Y no sólo lugares y gentes, sino también tendencias, porque, por ejemplo, una de las
tres emocionantes historias de amor que acompañaban a la serie de venganzas -la titulada
«Custodia»-, no sólo tiene aquí, en modo cierto, continuación, sino que ésta
pediría ser integrada a la anterior serie de Venganzas, puesto que aquí se viene a
consumar la que los lectores de aquélla esperaron inútilmente que se cumpliera en el
odioso personaje de Ricardo Vico.
Del mundo de Artefa proceden los relatos «El perdedor», «Rueda del tiempo», que cede
su título al libro, y «El mapa de Peters». Granadinos son además los espacios de la
tremenda «Virtudes Pestaña se encuentra sola», de «Odisea» y «El hoyuelo».
Fuera de ese espacio tan suyo se encuentran los demás relatos y textos que componen el
libro.

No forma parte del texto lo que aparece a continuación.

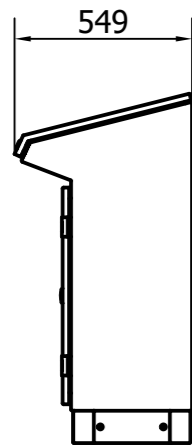

SLOPED DOOR DETAIL

LVE401

PLINTH 100 H RAL7009

LM6014

CONSOLE H980xL600xP400 RAL7035

LM: compact console, with plain 14° sloping top, complete with a system to keep the door open. Features and dimensions as LVE model. The base, prepared for plinth mounting, is equipped with cable inlet plate in the bottom and a screwed Mpl in galvanized steel 2,0 mm.

Scala

1/20

LM6014
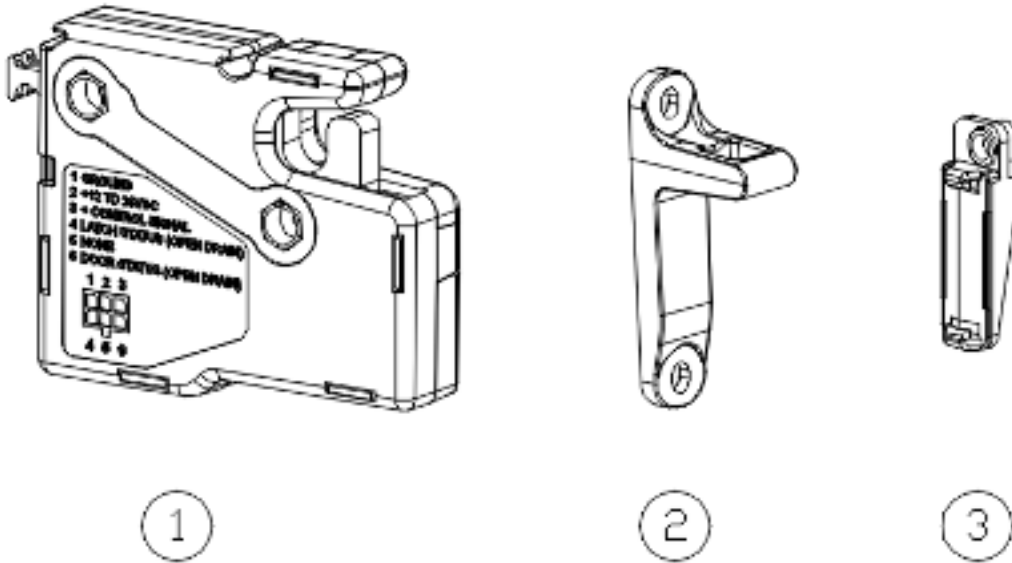

HARDWARE

Electronic Rotary Latch

1. 512962-01 Rotary latch, Southco
2. 512962-02 Striker w/magnets
3. 512962-03 Manual override bracket
- 512962-04 wire harness

Gas Struts and Door Props

112596	Install, Door Struts
135193	Install, Door Struts, E1 Package Option
382530	Gas strut, 40#, 15.75" extended
382540	Gas strut, 30#, 12" extended
382534-01	Curved prop bracket, Left hand
382534-02	Curved prop bracket, Right hand
382507-01	Ball stud, .54" thread
382684	Generator Door Prop
382684-01	Door Prop, E1 Package Option
455955	Bracket, Door prop, E1 Package Option
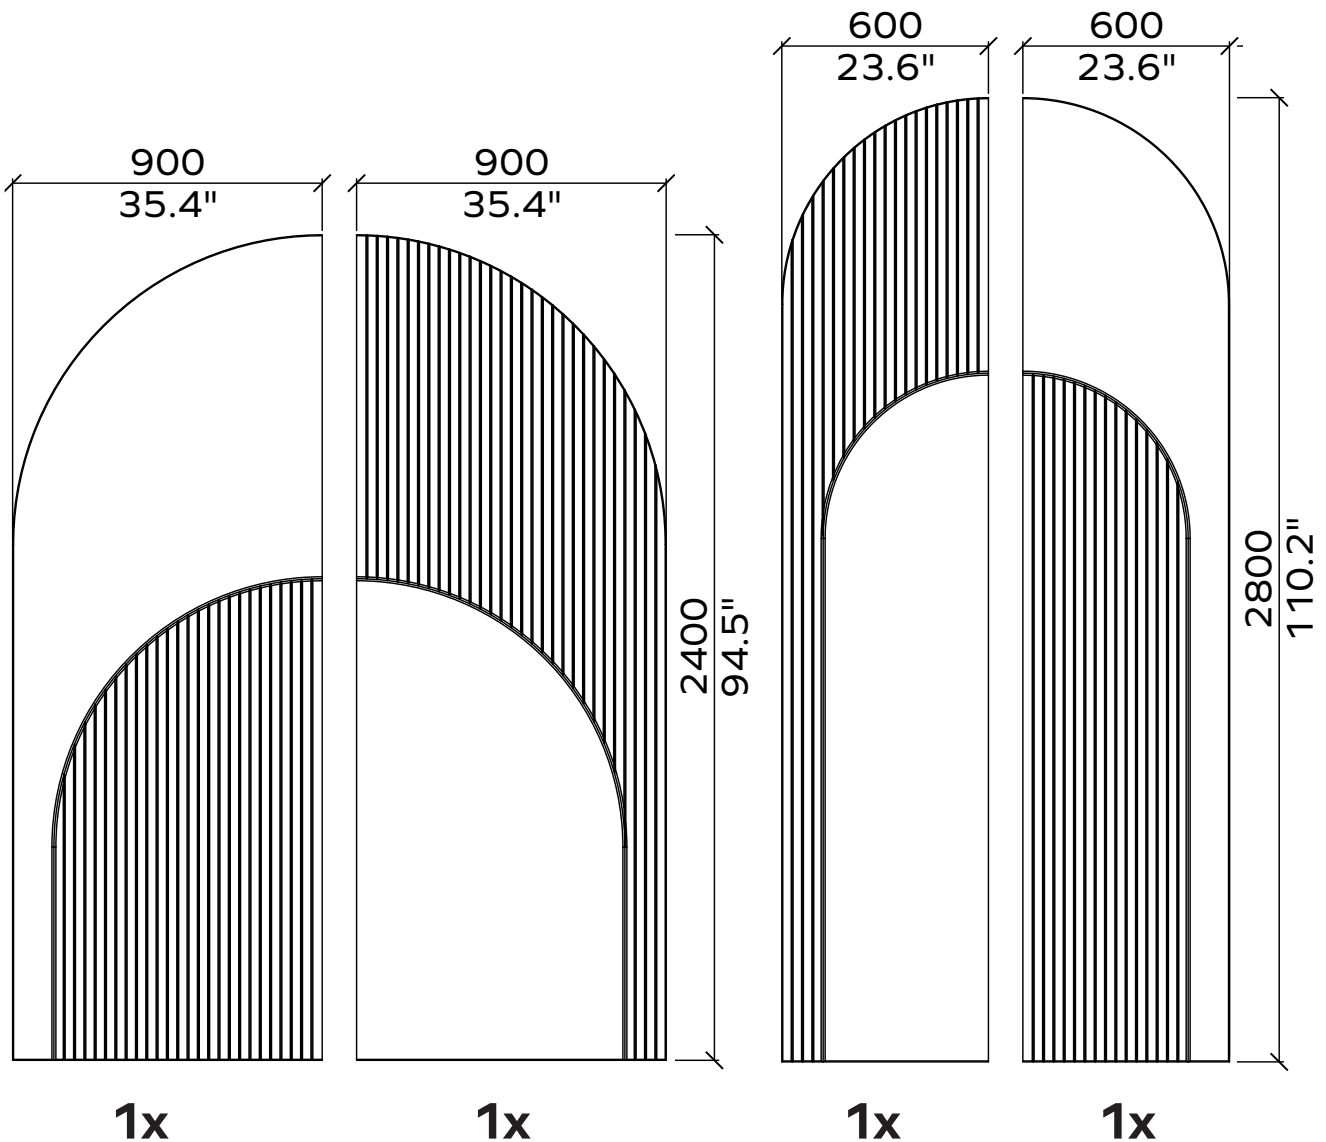

Geometry Information

Fylo 24mm

Applicable articles numbers

732.24.23.000.00 and .01

Scope of delivery

For each 24mm item you will receive a set of 1x PET panels (in the dimensions below)

Applicable articles numbers

These panels are mounted with a concealed attachment system. For other options contact our consultants.

Fylo 12mm

Applicable articles numbers

732.12.23.000.00 and .01

Scope of delivery

For each 12mm item you will receive a set of 1x PET panels (in the dimensions below)

Applicable articles numbers

These panels are mounted with a concealed attachment system. For other options contact our consultants.

All dimensions are nominal
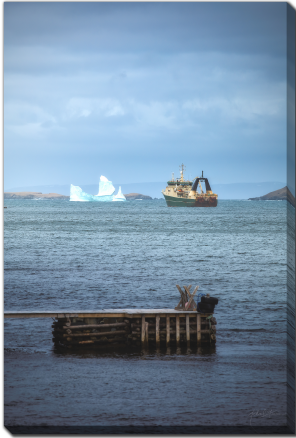

Products in this set

Island Iceberg Grey Day Boat 2

38x60

Printed on canvas - Custom made to order. Allow **2-4 WEEKS** for production
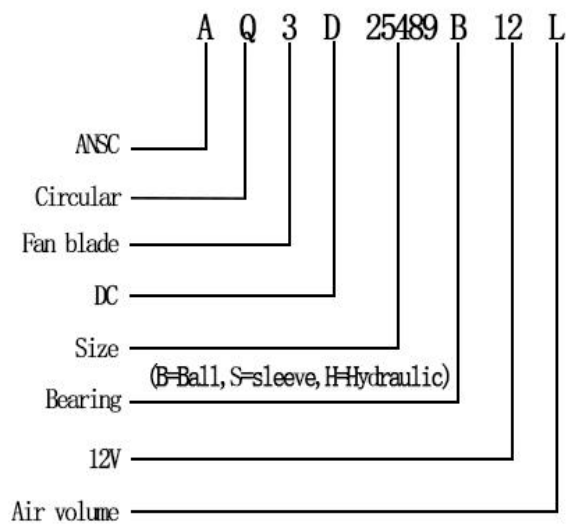

AQ3D25489B24HH	B=Ball S=Sleeve H=Hydraulic	24	18~26.5	3.7	88.8	3000	24.07	847.8	32.6	1.28	75.6
AQ3D25489B24VH		24	18~26.5	5.7	136.8	3500	29.4	1035.6	38.6	1.52	80.4
AQ3D25489B24HV		24	18~26.5	7.8	187.2	4000	36.81	1296.4	42.1	1.66	89.6
AQ3D25489B48L		48	36~54	0.2	9.6	1000	8067	305.3	11.8	0.46	53.4
AQ3D25489B48M		48	36~54	0.8	38.4	2000	15.58	548.6	15.4	0.61	66.1
AQ3D25489B48H		48	36~54	1.4	67.2	2500	19.64	691.8	24.7	0.97	71.2
AQ3D25489B48HH		48	36~54	1.9	91.2	3000	24.07	847.8	32.6	1.28	75.6
AQ3D25489B48VH		48	36~54	3	144	3500	29.4	1035.6	38.6	1.52	80.4
AQ3D25489B48HV		48	36~54	4	192	4000	36.81	1296.4	42.1	1.66	89.6

①Bearing Mode:Ball/ Sleeve/Hydraulic/Ball (UL)/Sleeve (UL)Hydraulic (UL)

②X=Function: FG RD RDL LD PWM TP VC RC CS RP SS AS CL IPX5

③A=Plug

④C=Customized by customers: Air volume, Air duct, Movement,Service life, Temperature, Noise, Material, Mold.etc.

导引：编码规则Code Rule
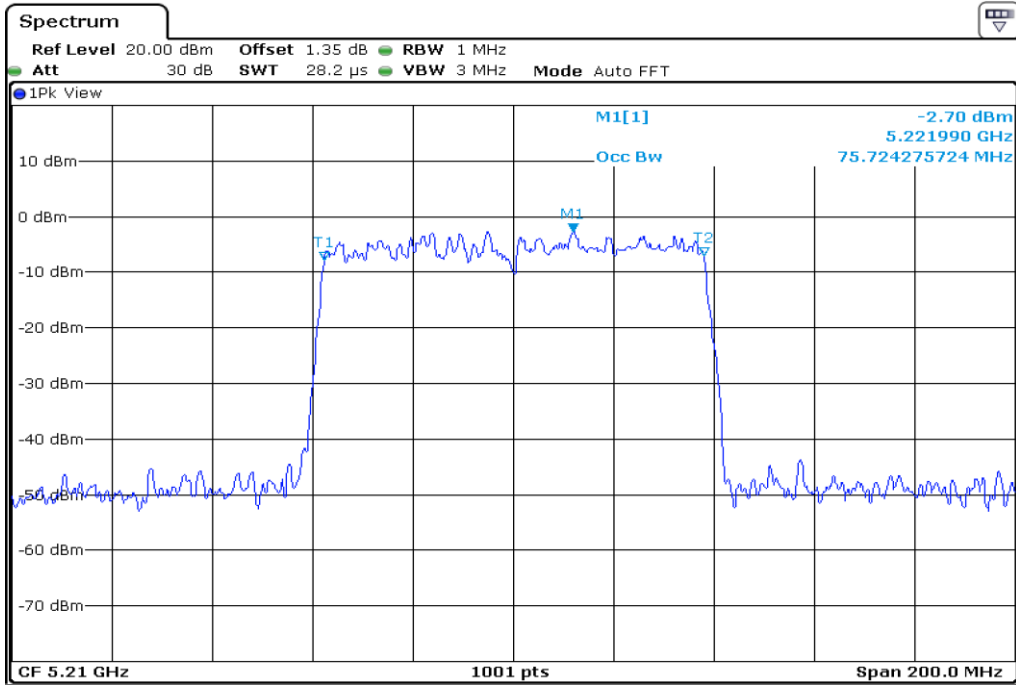

1 **Starddle 26 dB Bandwitdh**

2 **Starddle 26 dB Bandwitdh**

3 **Starddle 26 dB Bandwitdh**

4 **Starddle 26 dB Bandwitdh**

Test Band				WLAN_UNII1			
Antenna				Ant 0			
Test Parameters for Channel Bandwidths							
Test Item	No.	Mode	Channel	Bandwidth	RU Tone	RB index	Verdict
99% Occupied Bandwidth	1	802.11 a	36	20 MHz	-	-	Pass
	2	802.11 a	44	20 MHz	-	-	Pass
	3	802.11 a	48	20 MHz	-	-	Pass
	4	802.11 n20	36	20 MHz	-	-	Pass
	5	802.11 n20	44	20 MHz	-	-	Pass
	6	802.11 n20	48	20 MHz	-	-	Pass
	7	802.11 n40	38	40 MHz	-	-	Pass
	8	802.11 n40	46	40 MHz	-	-	Pass
	9	802.11 ac80	42	80 MHz	-	-	Pass

1	99% Occupied Bandwidth
---	------------------------

2	99% Occupied Bandwidth
---	------------------------

3	99% Occupied Bandwidth
---	------------------------

4 **99% Occupied Bandwidth**

5 **99% Occupied Bandwidth**

6	99% Occupied Bandwidth
---	------------------------

7	99% Occupied Bandwidth
---	------------------------

8	99% Occupied Bandwidth
---	------------------------

9	99% Occupied Bandwidth
---	------------------------
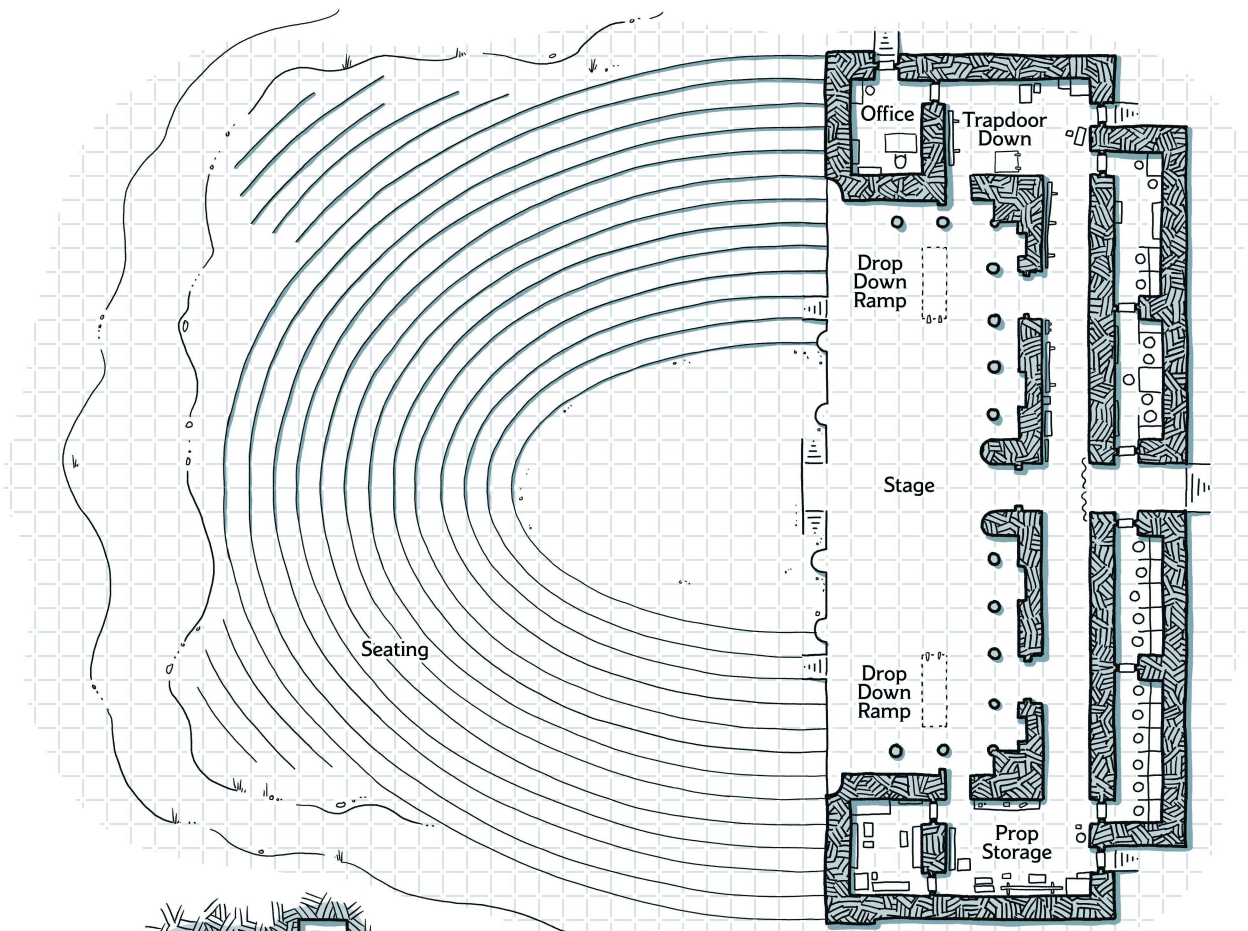

Game Trails

Firepit

Blind

1 square = 5 feet

Priest's Chamber

Laboratory

Secret Tunnel

Giant Snake Lair

Ceiling Entrance

Waterfall

1 square = 5 feet

Underground

1 square = 5 feet

High Priest's Chamber

Sanctuary of Thassa

Hippocamp Stable

Submerged Tunnel

Library

Tidepools

Aquatic Rooms

Beach

Priests

Dorm

Meditation Chambers

Mess

Kitchen

Storage

Dock

1 square = 5 feet

1 square = 5 feet

THE WORLD OF **THEROS**

MAP KEY
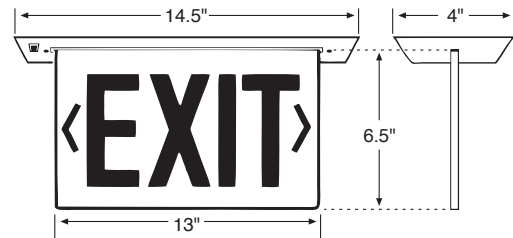

Dimensions:

Warranties & Compliances:	Description	Green Item #	Red Item #	Housing Color	Exit Plate Color
      Ni-Cd battery 5 YEAR WARRANTY Electronics 5 YEAR WARRANTY	Ordering Information:				
	Recessed Exit AC Only BA Trim Single Face Clear	2EH01	2EG01	Brushed Aluminum	Clear
	Recessed Exit AC Only BA Trim Single Face White	2EH02	2EG02	Brushed Aluminum	White
	Recessed Exit AC Only BA Trim Single Face Mirror	2EH03	2EG03	Brushed Aluminum	Mirror
	Recessed Exit AC Only White Trim Single Face Clear	2EH04	2EG04	White	Clear
	Recessed Exit AC Only White Trim Single Face White	2EH05	2EG05	White	White
	Recessed Exit AC Only White Trim Single Face Mirror	2EH06	2EG06	White	Mirror
	Recessed Exit AC Only BA Trim Double Face White	2EH07	2EG07	Brushed Aluminum	White
	Recessed Exit AC Only BA Trim Double Face Mirror	2EH08	2EG08	Brushed Aluminum	Mirror
	Recessed Exit AC Only White Trim Double Face White	2EH09	2EG09	White	White
Recessed Exit AC Only White Trim Double Face Mirror	2EH10	2EG10	White	Mirror	
Recessed Exit Battery Backup BA Trim Single Face Clear	2EK01	2EJ01	Brushed Aluminum	Clear	
Recessed Exit Battery Backup BA Trim Single Face White	2EK02	2EJ02	Brushed Aluminum	White	
Recessed Exit Battery Backup BA Trim Single Face Mirror	2EK03	2EJ03	Brushed Aluminum	Mirror	
Recessed Exit Battery Backup White Trim Single Face Clear	2EK04	2EJ04	White	Clear	
Recessed Exit Battery Backup White Trim Single Face White	2EK05	2EJ05	White	White	
Recessed Exit Battery Backup White Trim Single Face Mirror	2EK06	2EJ06	White	Mirror	
Recessed Exit Battery Backup BA Trim Double Face White	2EK07	2EJ07	Brushed Aluminum	White	
Recessed Exit Battery Backup BA Trim Double Face Mirror	2EK08	2EJ08	Brushed Aluminum	Mirror	
Recessed Exit Battery Backup White Trim Double Face White	2EK09	2EJ09	White	White	
Recessed Exit Battery Backup White Trim Double Face Mirror	2EK10	2EJ10	White	Mirror	
Accessories:					
	20730	Replacement Ni-Cd Battery 4.8V 650mAh

Porque efectivamente hay un texto, de particular brevedad, que se aleja de esa
categoría genérica, «La lucha interminable», donde Talens, como aclara no sólo en su
epílogo, sino en las notas bibliográficas a pie de página, no ha hecho sino juntar dos
fragmentos distantes en el tiempo: el primero, del Evangelio de San Marcos, y el segundo,
del comandante homónimo desde su selva lacandona, unidos por la ambición redentora y
vindicativa.
Hay otros relatos que se alejan del espacio propio talensiano para reencontrarse con el de
Hijas de Eva, su otra novela de 1997, que desarrolla su andadura temporal en el ámbito
valenciano, del que proceden los padres de Talens y en el que han transcurrido los diez
últimos años de su vida. Pero es otra cara del país
valenciano bien distinta de la bienhumorada y regocijante que caracterizaba a su novela
(aunque no menos incisiva en su percepción de la inquietante realidad) la que nos ofrece
en el relato que abre el volumen, «María». En él resucita, desde otro ángulo -el de
un superviviente canadiense de las Brigadas Internacionales- la memoria del maquis de la
serranía valenciana, a la que ha dedicado el novelista Alfons Cervera una memorable
trilogía novelesca, y a quien va dedicado, precisamente, el relato. Tiene esta historia,
como la ya mencionada «El hoyuelo», un mismo tipo de personaje, retraído y al parecer
incapaz de establecer vínculos sentimentales más allá del deseo. Personajes que nos
recuerdan, en la vida real, a Pío Baroja, que en sus memorias, y puesto a rebuscar algún
episodio sentimental que le hubiera marcado en su vida, sólo podía recordar la
aparición fugaz de una mujer con la que, en silencio, compartió una parte de un trayecto
en tren, y que, al descender del vagón, le dirigió una intensa mirada desde el andén.
Ritmo vital
Como en otros términos viene a decir Talens en su epílogo, a cualquier trayectoria
humana, por monótona y banal que parezca, le espera, agazapado, su «momento estelar»,
en el que su vida bascula y su ritmo vital se acelera. Pero Talens no anda, como Stefan
Zweig, detrás de grandes personajes históricos para encuadrar esos «momentos estelares
de la humanidad».
Los suyos son los silenciados peones de la intrahistoria, sobre los que se construyen las
grandes ficciones de los figurones históricos. Desde su primera salida literaria lo tuvo
bien claro Talens, que puso a Carlos Fuentes en la primera página: «El arte rescata la
verdad de manos de las mentiras de la historia». Y lo sigue teniendo bien claro, al
sobrio amparo, ahora convocado, de Antón Chejov.